### Task directions
Copy out the entries exactly, and wherever a picture appears, leave it out.

··········

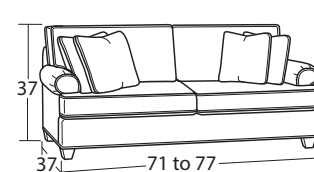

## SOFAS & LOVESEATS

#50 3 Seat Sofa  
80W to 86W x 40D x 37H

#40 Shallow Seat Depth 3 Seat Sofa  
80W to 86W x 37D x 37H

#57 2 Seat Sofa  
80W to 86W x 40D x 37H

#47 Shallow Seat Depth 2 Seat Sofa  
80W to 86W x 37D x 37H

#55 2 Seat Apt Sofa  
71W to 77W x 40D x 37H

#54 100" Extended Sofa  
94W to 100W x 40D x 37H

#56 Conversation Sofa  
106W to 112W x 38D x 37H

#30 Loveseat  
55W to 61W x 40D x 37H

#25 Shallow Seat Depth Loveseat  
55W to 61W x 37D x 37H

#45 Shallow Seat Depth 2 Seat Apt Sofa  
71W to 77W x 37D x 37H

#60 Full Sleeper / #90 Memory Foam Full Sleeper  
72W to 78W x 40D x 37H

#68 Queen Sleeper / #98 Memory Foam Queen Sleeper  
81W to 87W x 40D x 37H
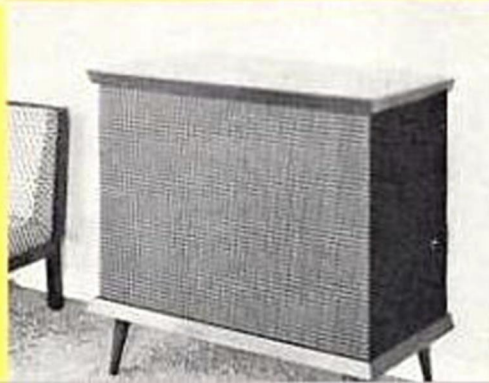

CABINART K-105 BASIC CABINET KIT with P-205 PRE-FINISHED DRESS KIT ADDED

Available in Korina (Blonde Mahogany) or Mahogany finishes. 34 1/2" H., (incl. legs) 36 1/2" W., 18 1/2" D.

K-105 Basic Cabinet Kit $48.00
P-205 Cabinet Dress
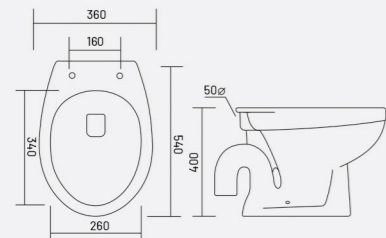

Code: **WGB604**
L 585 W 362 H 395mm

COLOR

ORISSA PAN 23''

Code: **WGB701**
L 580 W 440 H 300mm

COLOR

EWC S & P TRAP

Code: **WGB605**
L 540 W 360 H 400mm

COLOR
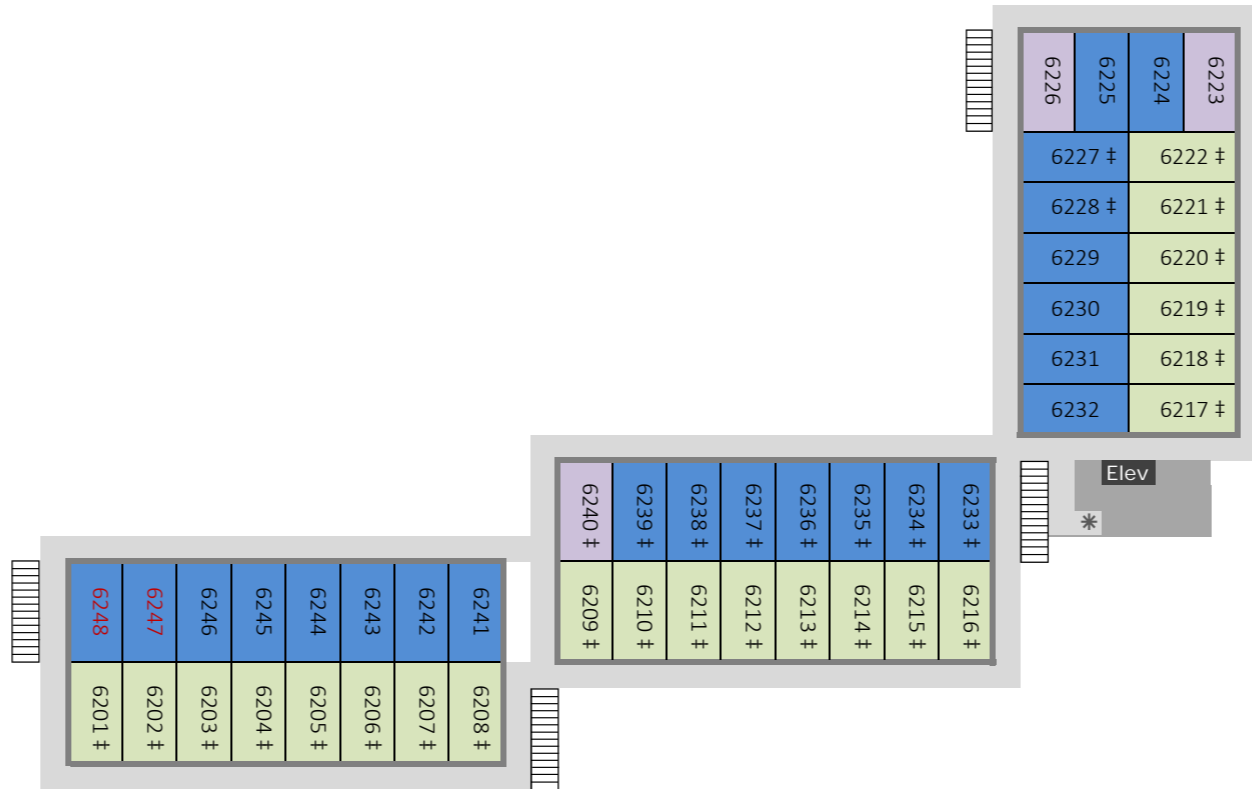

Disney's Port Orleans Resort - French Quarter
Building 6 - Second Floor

··········

### Your response
## SOFAS & LOVESEATS

#50 3 Seat Sofa  
80W to 86W x 40D x 37H

#40 Shallow Seat Depth 3 Seat Sofa  
80W to 86W x 37D x 37H

#57 2 Seat Sofa  
80W to 86W x 40D x 37H

#47 Shallow Seat Depth 2 Seat Sofa  
80W to 86W x 37D x 37H

#55 2 Seat Apt Sofa  
71W to 77W x 40D x 37H

#54 100" Extended Sofa  
94W to 100W x 40D x 37H

#56 Conversation Sofa  
106W to 112W x 38D x 37H

#30 Loveseat  
55W to 61W x 40D x 37H

#25 Shallow Seat Depth Loveseat  
55W to 61W x 37D x 37H

#45 Shallow Seat Depth 2 Seat Apt Sofa  
71W to 77W x 37D x 37H

#60 Full Sleeper / #90 Memory Foam Full Sleeper  
72W to 78W x 40D x 37H

#68 Queen Sleeper / #98 Memory Foam Queen Sleeper  
81W to 87W x 40D x 37H

CABINART K-105 BASIC CABINET KIT with P-205 PRE-FINISHED DRESS KIT ADDED

Available in Korina (Blonde Mahogany) or Mahogany finishes. 34 1/2" H., (incl. legs) 36 1/2" W., 18 1/2" D.

K-105 Basic Cabinet Kit $48.00
P-205 Cabinet Dress

Code: **WGB604**
L 585 W 362 H 395mm

COLOR

ORISSA PAN 23''

Code: **WGB701**
L 580 W 440 H 300mm

COLOR

EWC S & P TRAP

Code: **WGB605**
L 540 W 360 H 400mm

COLOR

Disney's Port Orleans Resort - French Quarter
Building 6 - Second Floor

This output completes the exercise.